● **THE TASK**: For the entries below, return every line from the top through the line with "-- Second Half" exactly as it stands, omitting pictures.
[Start of Attachment]
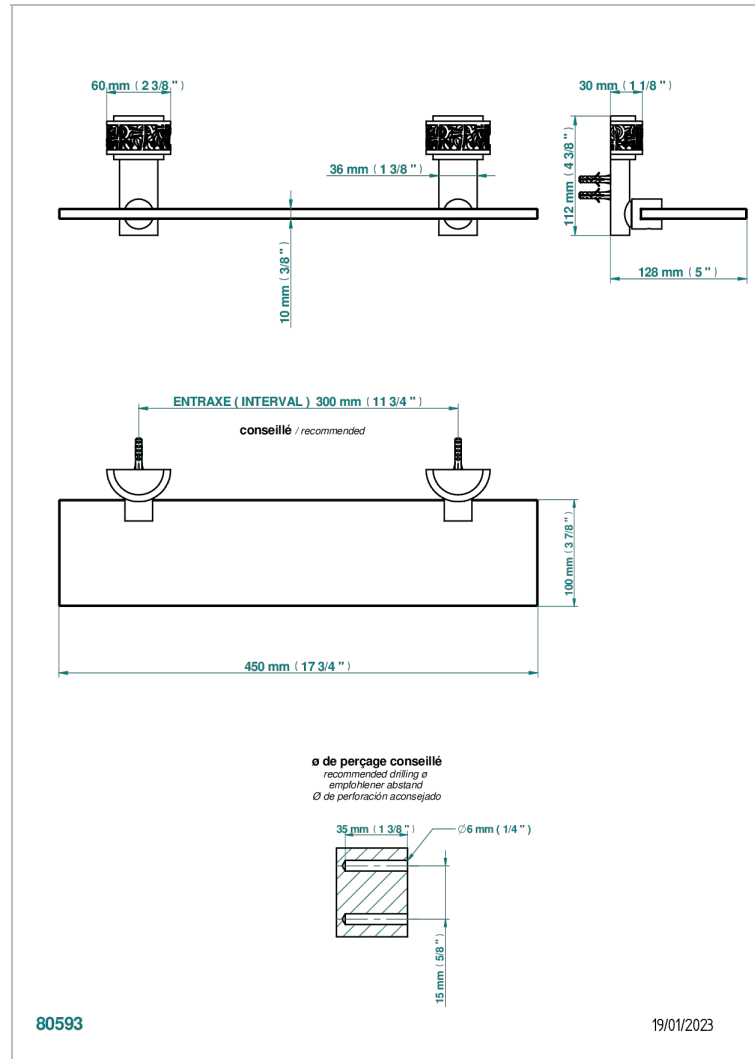

# NEW PARADISE

U5P-564/45

SHELF WITH SUPPORTS

THG<sup>®</sup>  
PARIS
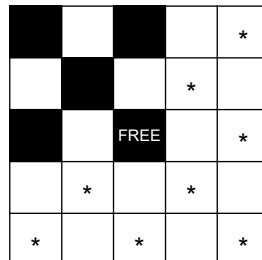

-- First Half --

1: Blue Border	REGULAR BINGO	\$100
2: Orange Border	REGULAR BINGO	\$100
3: Green Border	DOUBLE STAMP ANYWHERE (with free space)	\$100
4: Yellow Border	LARGE X (no N's)	\$150
5: Pink Border	PICNIC TABLE	\$400
6: Grey Border	SMALL PICTURE FRAME (no B's or O's)	\$150
7: Olive Border	KITE W/TAIL (any corner; no N's)	\$100
8: Brown Border	6-PACK ANYWHERE	\$100
9: Red Border	BLOOD, SWEAT, AND TEARS (no 4 corners; with wild ball)	\$400
10: Tan Paper	PROGRESSIVE (COVERALL)	See below, or \$500 Consolation

-- Intermission (~15 Minutes) --

-- Second Half --

11: Red Paper	PROGRESSIVE (ODD FREE)	See below, or \$500 Consolation
12: Purple Border	REGULAR BINGO OR STAMP IN CORNER	\$100
13: Black Border	REGULAR BINGO	\$100
14: Aqua Border	REGULAR BINGO	\$100
15: Blue Striped	TOP OR BOTTOM 2 LINES	\$400
16: Orange Striped	BLOCK OF 8 ANYWHERE	\$150
17: Green Striped	SMALL X IN CORNER	\$100
18: Yellow Striped	REGULAR BINGO AND 4 CORNERS	\$150
19: Pink Striped	LAYER CAKE	\$400
20: Grey Striped	COVERALL	\$500

#15: Top or Bottom 2 Lines

#16: Block of 8 Anywhere

#17: Small X in Corner

#19: Layer Cake

Game 10 (Tan Paper) – Payout starts at \$1000 in 48 numbers or less. Payout increases \$250 each week and one ball number is added every 5 weeks until week 10; afterwards one ball number is added each week. If the game reaches \$5000, numbers are called until we have a winner.
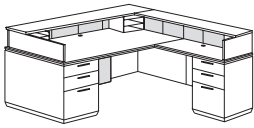

7020 MOCHA

Right Reception L Desk (Flat Packed)

702_-66FP
72W 84D 30H
Consists of:
-681 Left Desk Top, Panels, Hutch
-363 Left B/B/F Pedestal
-5702 Right Desk Support Pedestal
-1791 Right Return, Panels, Hutch
-212 Right B/B/File Pedestal

Right Reception L Desk with White Glass Modesty Panel (Flat Packed)

702_-66WGFP
72W 84D 30H
Consists of:
-681WG Left Desk Top, Panels, Hutch
-363 Left B/B/F Pedestal
-5702 Right Desk Support Pedestal
-1791WG Right Return, Panels, Hutch
-212 Right B/B/File Pedestal
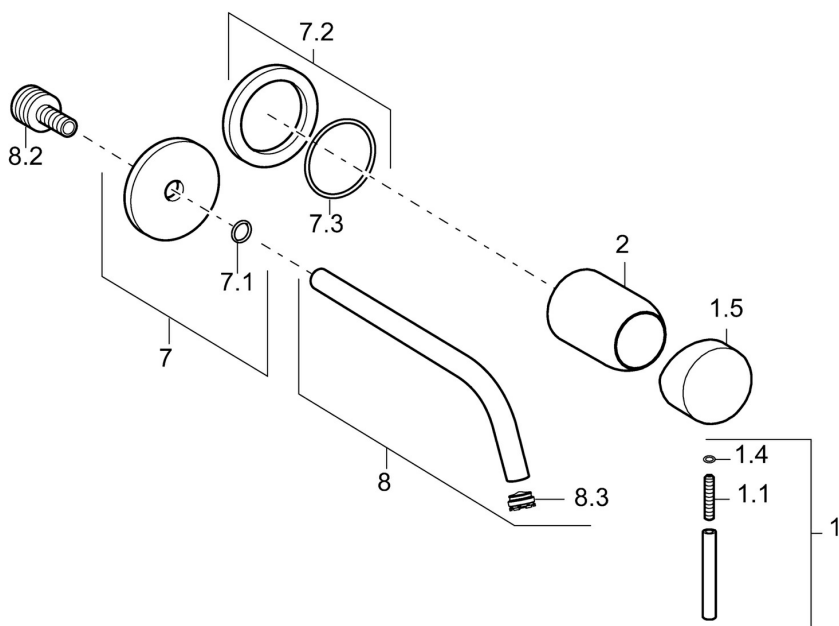

EAN: 4015474165571  
[static.hansa.com/57932101](http://static.hansa.com/57932101)

- Washbasin
- Single-lever, Trim Kit
- Concealed wall mounting
- Chrome
- Single operating lever/handle, Hot/Cold symbols

## Technical data

### Technical properties

Hot water supply	<b>max. +80°C</b>
Working pressure	<b>0.5-10 bar</b>
Material	<b>Brass</b>

### SP57932171

	Name	Code
1	Lever, 50 mm, d 7 mm	59913097
1.1	Screw, M5x25, SW 2,5	59913099
1.4	O-ring, d 3x1.5	59913100
1.5	Cap	59913098
2	Cover sleeve	59912116
7	Cover flange, d 75 mm	59913239
7.2	Cover flange, d 75 mm	59913240
7.3	O-ring, 42x2	59913173
8	Spout, L=225	59913237
8	Spout, L=300	59913238
8.2	Connection nipple, M15x1,5xG1/2, SW 8	59913241
8.3	Aerator, M16x1	59913243
8.4	Key for aerator, M16.5x1	59913242
N.I.	Raising kit, 20 mm	59913136
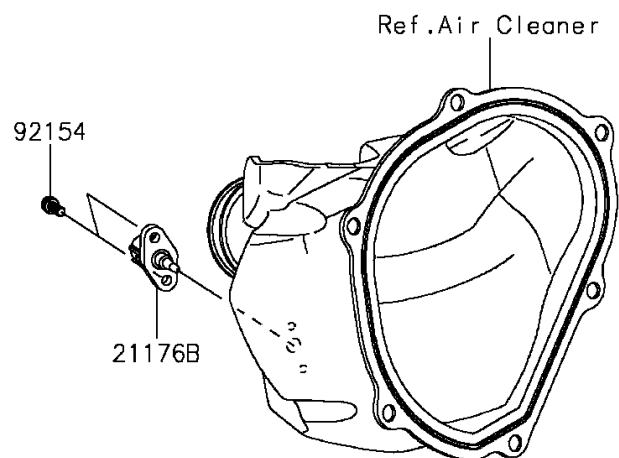

2015 KX™ 250F

PARTS DIAGRAM

Fuel Injection

E1530
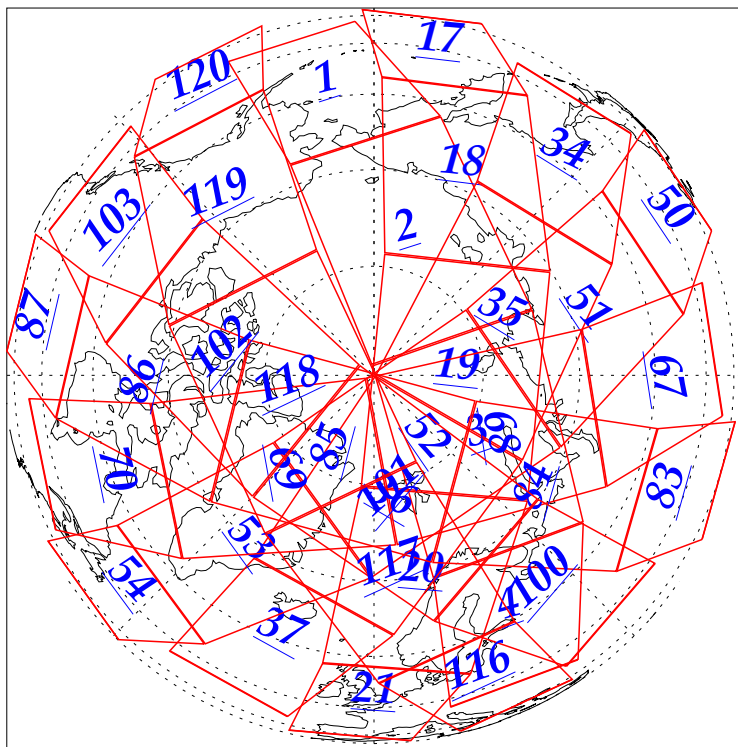

L1B Availability
AMSU Granules: 240
HSB Granules: 240
AIRS Granules: 240

27 Oct 2002
DoY 300
Aqua Day 176
Granules: 1 to 120

Granules: 121 to 240

Legend: AMSU Available, HSB Available, AIRS Available

L1B Availability
AMSU Granules: 240
HSB Granules: 240
AIRS Granules: 240

27 Oct 2002
DoY 300
Aqua Day 176

Ascending Granules

Descending Granules

Legend: AMSU Available, HSB Available, AIRS Available

L1B Availability
AMSU Granules: 240
HSB Granules: 240
AIRS Granules: 240

27 Oct 2002
DoY 300
Aqua Day 176

Northern Hemisphere Granules

Southern Hemisphere Granules

Legend: AMSU Available, HSB Available, AIRS Available
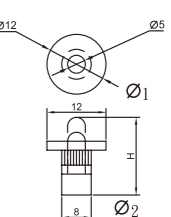

Other Plastics Fittings

Other Plastics Fittings

Plastic Cup/Plastic Hinge/Other Plastic Parts

Plastic Cup

PC01-30

ITEM NO.	Ø1 (mm)	H (mm)	Ø2 (mm)	Weight (g)	Packing (pcs)
PC01-30	33.5	9.5	30	3.4	1000

PC02-43

ITEM NO.	Ø1 (mm)	H (mm)	Ø2 (mm)	Weight (g)	Packing (pcs)
PC02-43	51	24	43	11	1000

PC03-50

ITEM NO.	Ø1 (mm)	H (mm)	Ø2 (mm)	Weight (g)	Packing (pcs)
PC03-50	63	16	50	11.6	1000

PC04-60

ITEM NO.	Ø1 (mm)	H (mm)	Ø2 (mm)	Weight (g)	Packing (pcs)
PC04-60	72	24	60	20.6	1000

Plastic Hinge

PH01

ITEM NO.	Ø1 (mm)	H (mm)	Ø2 (mm)	Weight (g)	Packing (pcs)
PH01	12	24.5	8	1	2500

PH02

ITEM NO.	Ø1 (mm)	H (mm)	Ø2 (mm)	Weight (g)	Packing (pcs)
PH02	12	24	8	1	2500

Other Plastic Parts

P01

ITEM NO.	Weight (g)	Packing (pcs)
P01	2.0	5000
[End of Attachment]
● **EXERCISE SOLUTION**:
# NEW PARADISE

U5P-564/45

SHELF WITH SUPPORTS

THG<sup>®</sup>  
PARIS

-- First Half --

1: Blue Border	REGULAR BINGO	\$100
2: Orange Border	REGULAR BINGO	\$100
3: Green Border	DOUBLE STAMP ANYWHERE (with free space)	\$100
4: Yellow Border	LARGE X (no N's)	\$150
5: Pink Border	PICNIC TABLE	\$400
6: Grey Border	SMALL PICTURE FRAME (no B's or O's)	\$150
7: Olive Border	KITE W/TAIL (any corner; no N's)	\$100
8: Brown Border	6-PACK ANYWHERE	\$100
9: Red Border	BLOOD, SWEAT, AND TEARS (no 4 corners; with wild ball)	\$400
10: Tan Paper	PROGRESSIVE (COVERALL)	See below, or \$500 Consolation

-- Intermission (~15 Minutes) --

-- Second Half --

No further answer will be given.